[Start of section]
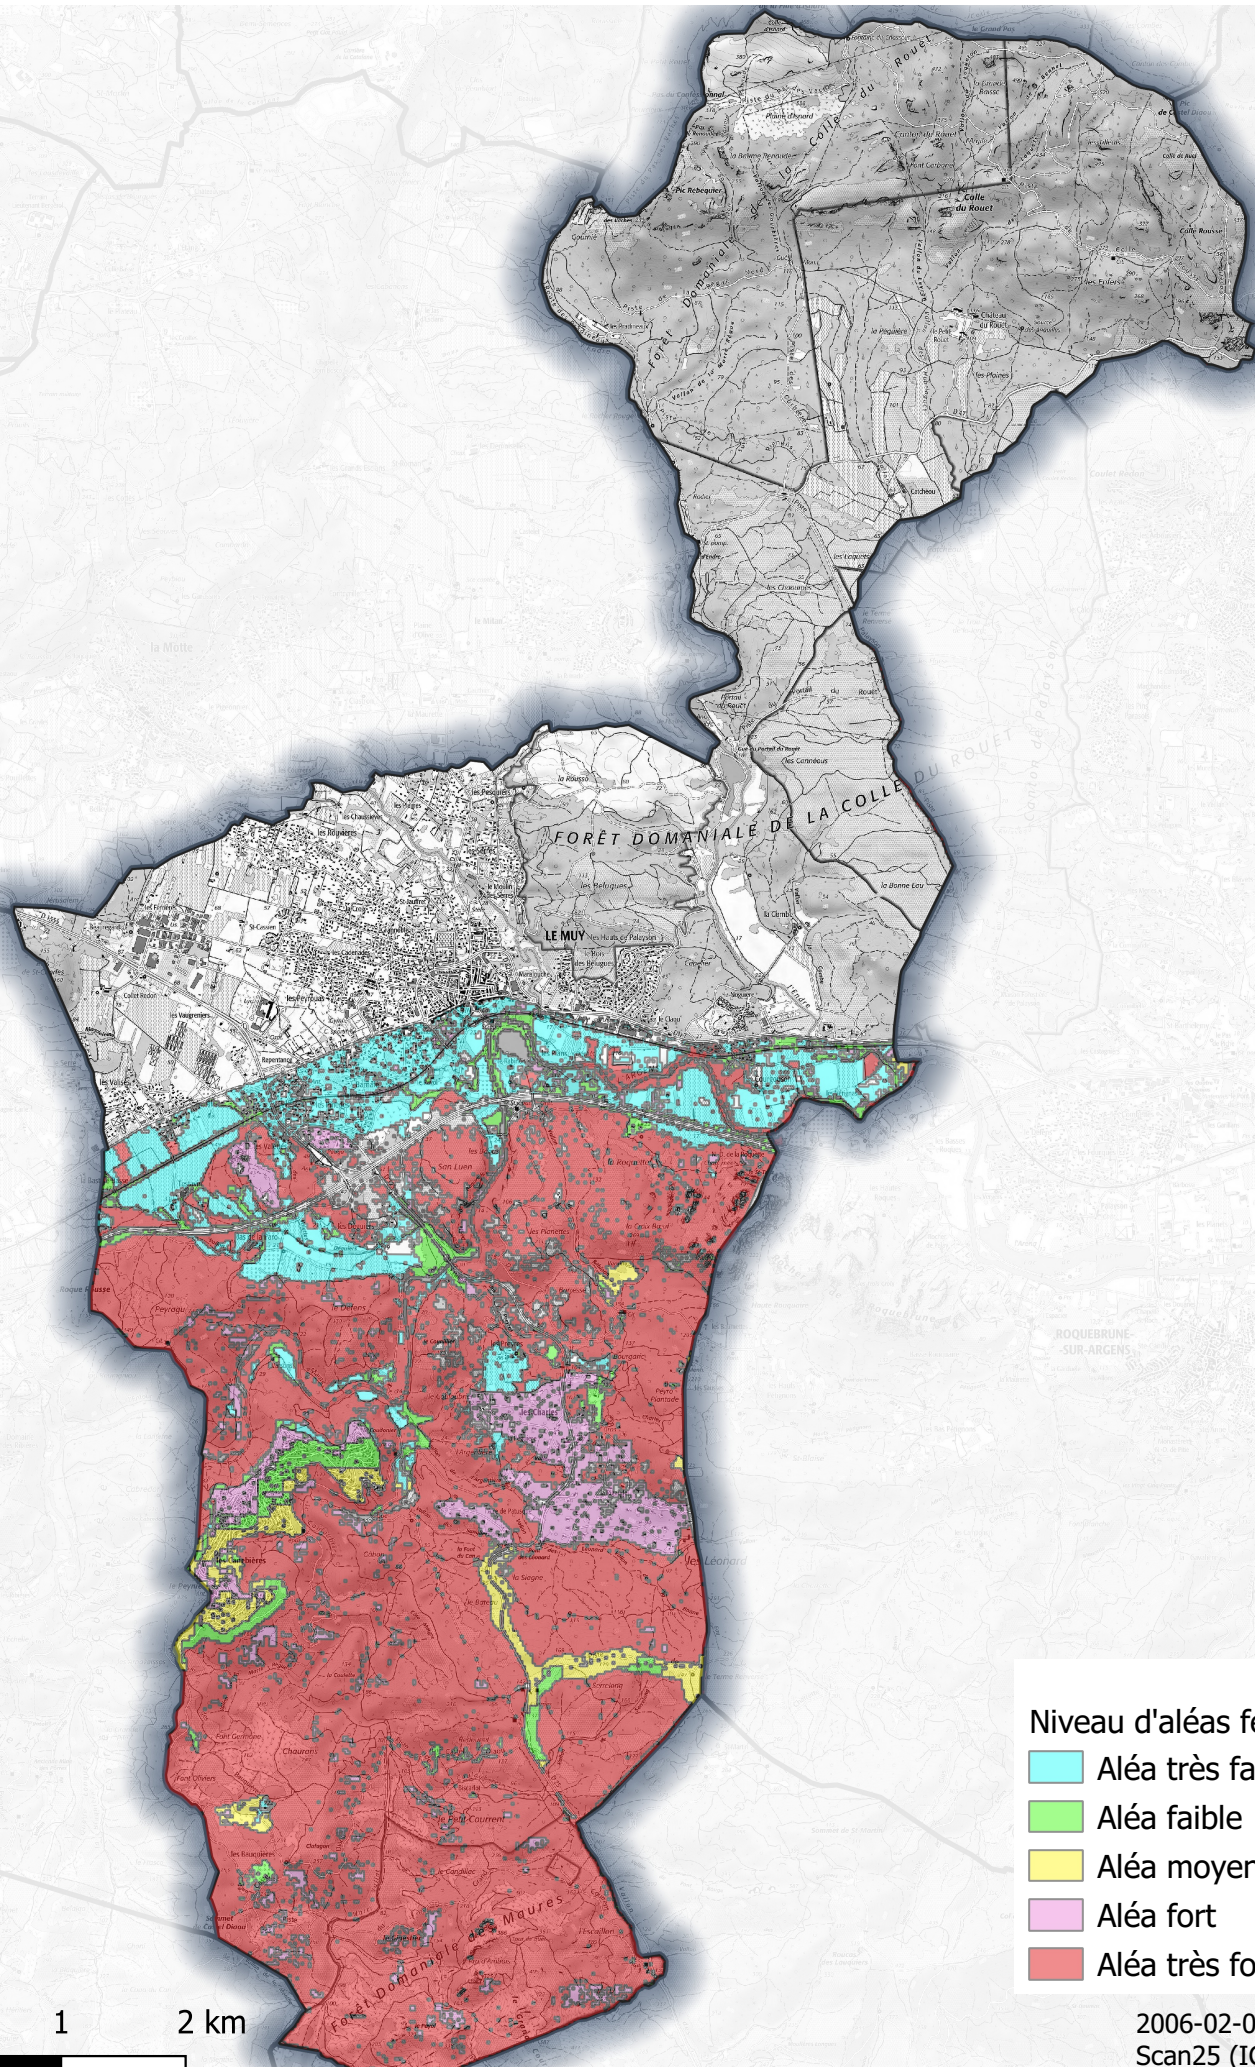

Cartographie de l'aléas feu de forêt sur la commune du Muy

Niveau d'aléas feu de forêt

-  Aléa très faible
-  Aléa faible
-  Aléa moyen
-  Aléa fort
-  Aléa très fort

2006-02-01
Scan25 (IGN)
[End of section]
## About this exercise
Find how many of the lines above have the word "aléas" in them. State only that number.

## Answer box
2